▶ [What is being asked]
What is needed is an exact copy of the records below, without the pictures.
===== Task material
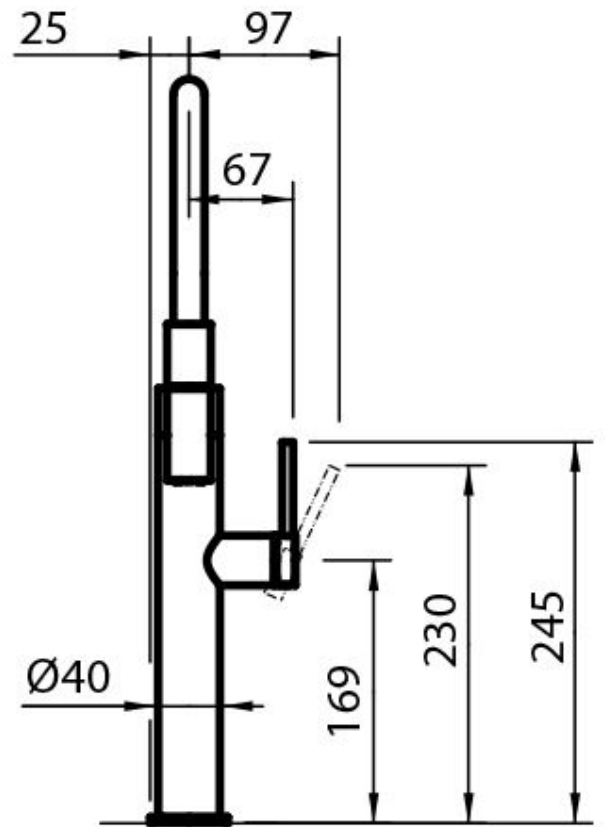

Ángulo de rotación

360°

Base de apoyo \varnothing 50 mm

Cartucho Con discos cerámicos

Orificio monomando \varnothing 35 mm

Partes estéticas Partes estéticas en acero AISI 316 con tratamientoPVD

Espesor máx encimera 40 mm

DIBUJOS TÉCNICOS

GALERÍA
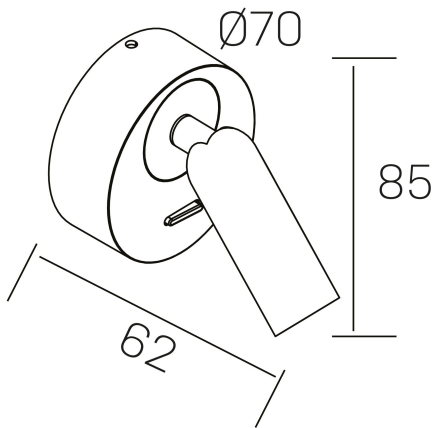

my ni
K50704.01.WS.WH-WH.ST.8.30

DETALLES GENERALES

INSTALACIÓN	Wall Surface
COLOR EXT-INT	Blanco
DIRECCIÓN DE LA LUZ	Orientable
GRADOS DE BASCULACIÓN	90º
GRADOS DE ROTACIÓN	360º
INT-EXT ESTANQUEIDAD	IP20
MATERIAL	Aluminio
RESISTENCIA MECÁNICA	IK010
USO	Interior
GARANTÍA	5 años

DETALLES ELÉCTRICOS

FUENTE DE LUZ	LED
POTENCIA	3W
TEMPERATURA DE COLOR	3000K
FLUJO LUMÍNICO	165 Lm
EFICIENCIA LUMÍNICA	49 Lm/W
DIMABLE	Sin regulación
DRIVER	Integrado
CLASE DE SEGURIDAD	I
ÍNDICE DE REPRODUCCIÓN CROMÁTICA	CRI>80
TENSIÓN	220-240 V
CORRIENTE	650 mA
VIDA UTIL	50.000h

DIMENSIONES GENERALES

DIMENSIÓN	Ø 70x62 mm
ALTURA	h 85 mm
DIMENSIONES DE EMBALAJE	80 × 80 × 85 mm
PESO NETO	0.2

*Puede haber una reducción máx. del 15% en el dato de los acabados distintos al blanco.
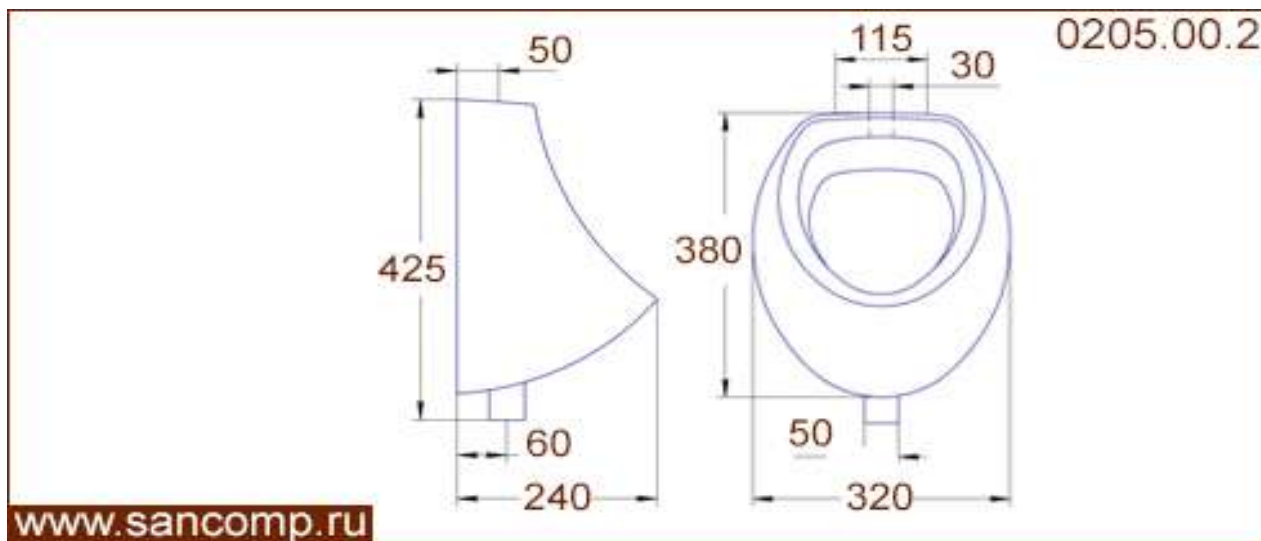

0205.00.2

Писсуар малый керамический с наружным выпуском

www.sancomp.ru

Размеры (мм)

240x320x425
Материал
Керамика
Вход
наружный
Вес (кг)

7,5 кг
Питание
нет
Система смыва
**Как
дополнительная
опция**
Объем (м³)

0,047 м³
Выход
наружный

Код
Материал
Вход
Выпуск
Питание
0205.00.2
Керамика
Наружный
Наружный
нет
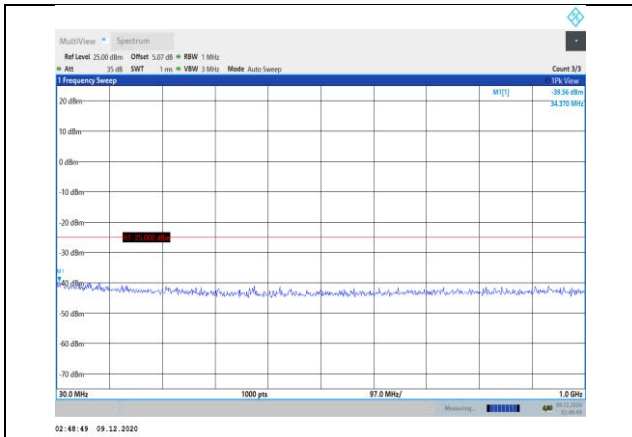

**Band4-20MHz-16QAM-20175-1RB#0-
Range1:30~1000MHz**

**Band7-5MHz-QPSK-20775-1RB#0-
Range1:30~1000MHz**
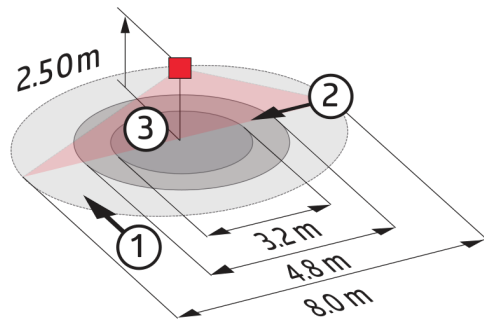

Reichweitendiagramm

- 1: Quer zum Melder gehen
- 2: Frontal auf den Melder zugehen
- 3: Sitzende Tätigkeit
==========
▶ [Answer section]
Ángulo de rotación

360°

Base de apoyo \varnothing 50 mm

Cartucho Con discos cerámicos

Orificio monomando \varnothing 35 mm

Partes estéticas Partes estéticas en acero AISI 316 con tratamientoPVD

Espesor máx encimera 40 mm

DIBUJOS TÉCNICOS

GALERÍA

my ni
K50704.01.WS.WH-WH.ST.8.30

DETALLES GENERALES

INSTALACIÓN	Wall Surface
COLOR EXT-INT	Blanco
DIRECCIÓN DE LA LUZ	Orientable
GRADOS DE BASCULACIÓN	90º
GRADOS DE ROTACIÓN	360º
INT-EXT ESTANQUEIDAD	IP20
MATERIAL	Aluminio
RESISTENCIA MECÁNICA	IK010
USO	Interior
GARANTÍA	5 años

DETALLES ELÉCTRICOS

FUENTE DE LUZ	LED
POTENCIA	3W
TEMPERATURA DE COLOR	3000K
FLUJO LUMÍNICO	165 Lm
EFICIENCIA LUMÍNICA	49 Lm/W
DIMABLE	Sin regulación
DRIVER	Integrado
CLASE DE SEGURIDAD	I
ÍNDICE DE REPRODUCCIÓN CROMÁTICA	CRI>80
TENSIÓN	220-240 V
CORRIENTE	650 mA
VIDA UTIL	50.000h

DIMENSIONES GENERALES

DIMENSIÓN	Ø 70x62 mm
ALTURA	h 85 mm
DIMENSIONES DE EMBALAJE	80 × 80 × 85 mm
PESO NETO	0.2

*Puede haber una reducción máx. del 15% en el dato de los acabados distintos al blanco.

0205.00.2

Писсуар малый керамический с наружным выпуском

www.sancomp.ru

Размеры (мм)

240x320x425
Материал
Керамика
Вход
наружный
Вес (кг)

7,5 кг
Питание
нет
Система смыва
**Как
дополнительная
опция**
Объем (м³)

0,047 м³
Выход
наружный

Код
Материал
Вход
Выпуск
Питание
0205.00.2
Керамика
Наружный
Наружный
нет

**Band4-20MHz-16QAM-20175-1RB#0-
Range1:30~1000MHz**

**Band7-5MHz-QPSK-20775-1RB#0-
Range1:30~1000MHz**

Reichweitendiagramm

- 1: Quer zum Melder gehen
- 2: Frontal auf den Melder zugehen
- 3: Sitzende Tätigkeit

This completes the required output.